Software fix in the works

It’s up to Boeing to find answers to the questions raised by the crashes about both the reliability of the sensor equipment and the design of the MCAS flight controls.

Meanwhile, Ethiopian Airlines is upholding the competence of the Flight 302 pilots, saying in a statement Thursday that they “followed the Boeing-recommended and FAA-approved emergency procedures to handle the most difficult emergency situation created on the airplane.


“Despite their hard work and full compliance with the emergency procedures … they could not recover the airplane from the persistence of nose diving,” the statement added.

Retired Boeing director Bob Bogash, a veteran of the local aviation scene, wrote in a note to peers Thursday that though Americans “are so fond of bad-mouthing foreign air carriers, foreign pilots, foreign maintenance, etc as the cause of our accidents … we do like their money.”

As a result of the Lion Air accident, he wrote, the Ethiopian crew was “totally tuned in to the latest and greatest about the MAX and the MCAS system.  Didn’t help them … Hitting the Stab Trim Cutout switches didn’t save them. Using the Manual Trim Wheel didn’t save them.”

His assessment is that the pilots on both flights “acted calmly and professionally.”

Talk to us

We continue to seek information on the design, training and certification of the Boeing 737 MAX. If you have insights, please get in touch with aerospace reporter Dominic Gates at 206-464-2963 or To communicate on a confidential and encrypted channel, follow the options available at

Boeing CEO Muilenburg said while the Ethiopian and Lion Air tragedies “continue to weigh heavily on our hearts and minds,” Boeing remains “confident in the fundamental safety of the 737 MAX.”

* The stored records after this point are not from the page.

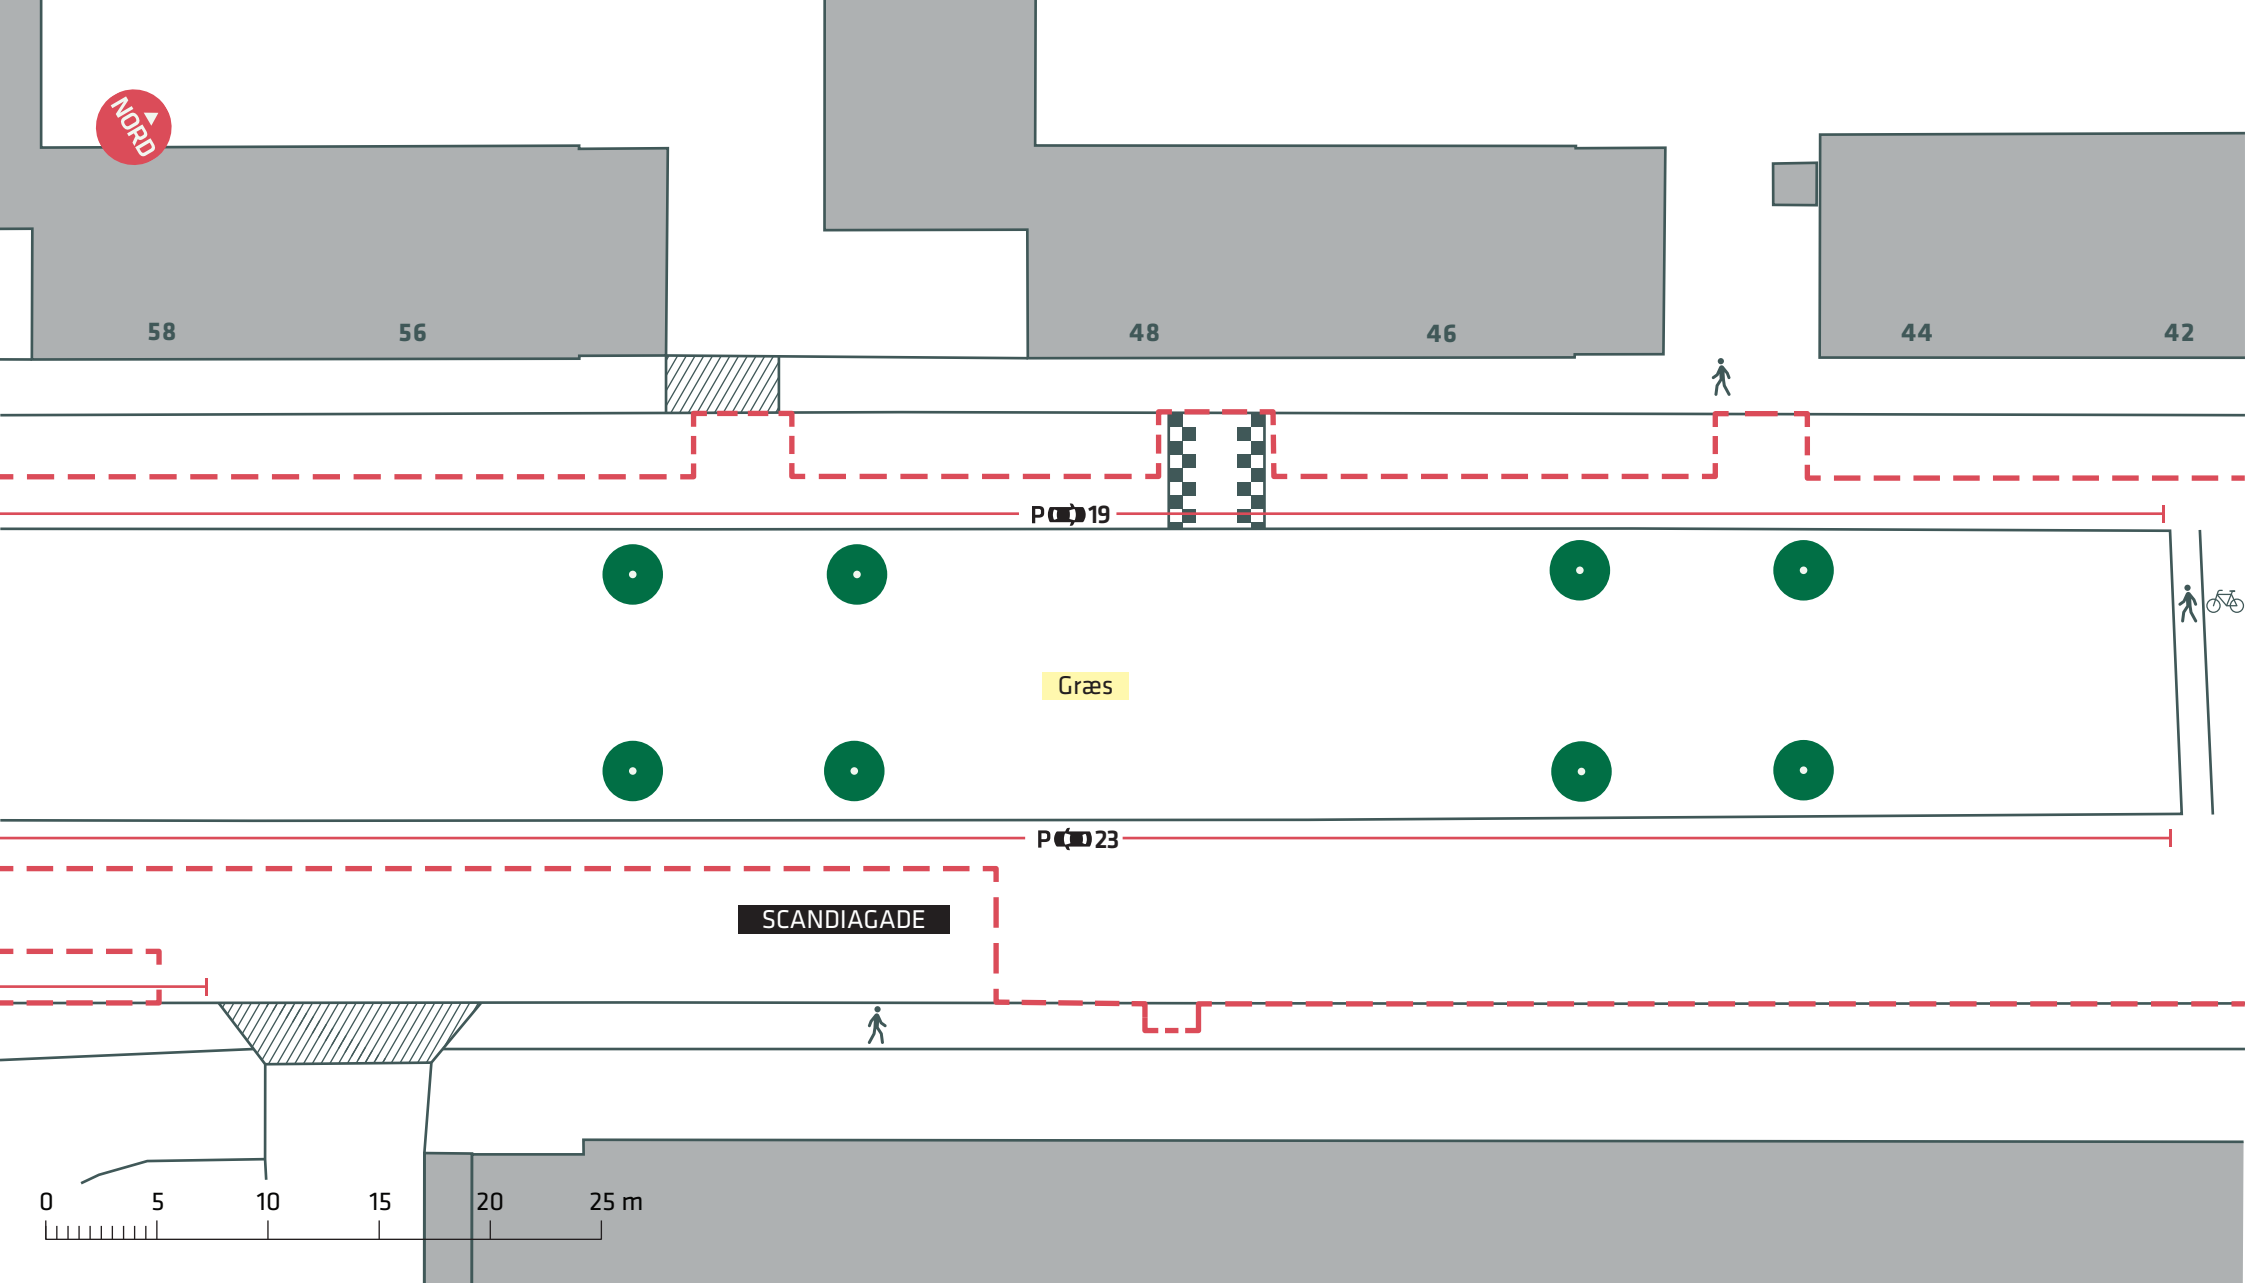

P001

0 5 10 15 20 25 m

--- Anlægsområde

● Træ (6 stk.)

SCANDIAGADE, AKTIVITETSPARK

Vesterbro/Kongens Enghave

Eksisterende forhold

Bilag 2A

- - - Anlægsområde
- Træ (10 stk.)

SCANDIAGADE, AKTIVITETSPARK
 Vesterbro/Kongens Enghave
 Eksisterende forhold
Bilag 2B

--- Anlægsområde

● Træ (8 stk.)

SCANDIAGADE, AKTIVITETSPARK

Vesterbro/Kongens Enghave

Eksisterende forhold

Bilag 2C

- - - Anlægsområde
- Træ (8 stk.)
- Vendeplads

SCANDIAGADE, AKTIVITETSPARK
 Vesterbro/Kongens Enghave
 Eksisterende forhold
Bilag 2D

The imminent software update, he said “will eliminate the possibility of unintended MCAS activation and prevent an MCAS-related accident from ever happening again.”


With that, Muilenburg seemed to accept responsibility for the accidents while still looking toward a future for the MAX.

“When the MAX returns to the skies with the software changes to the MCAS function, it will be among the safest airplanes ever to fly,” he said.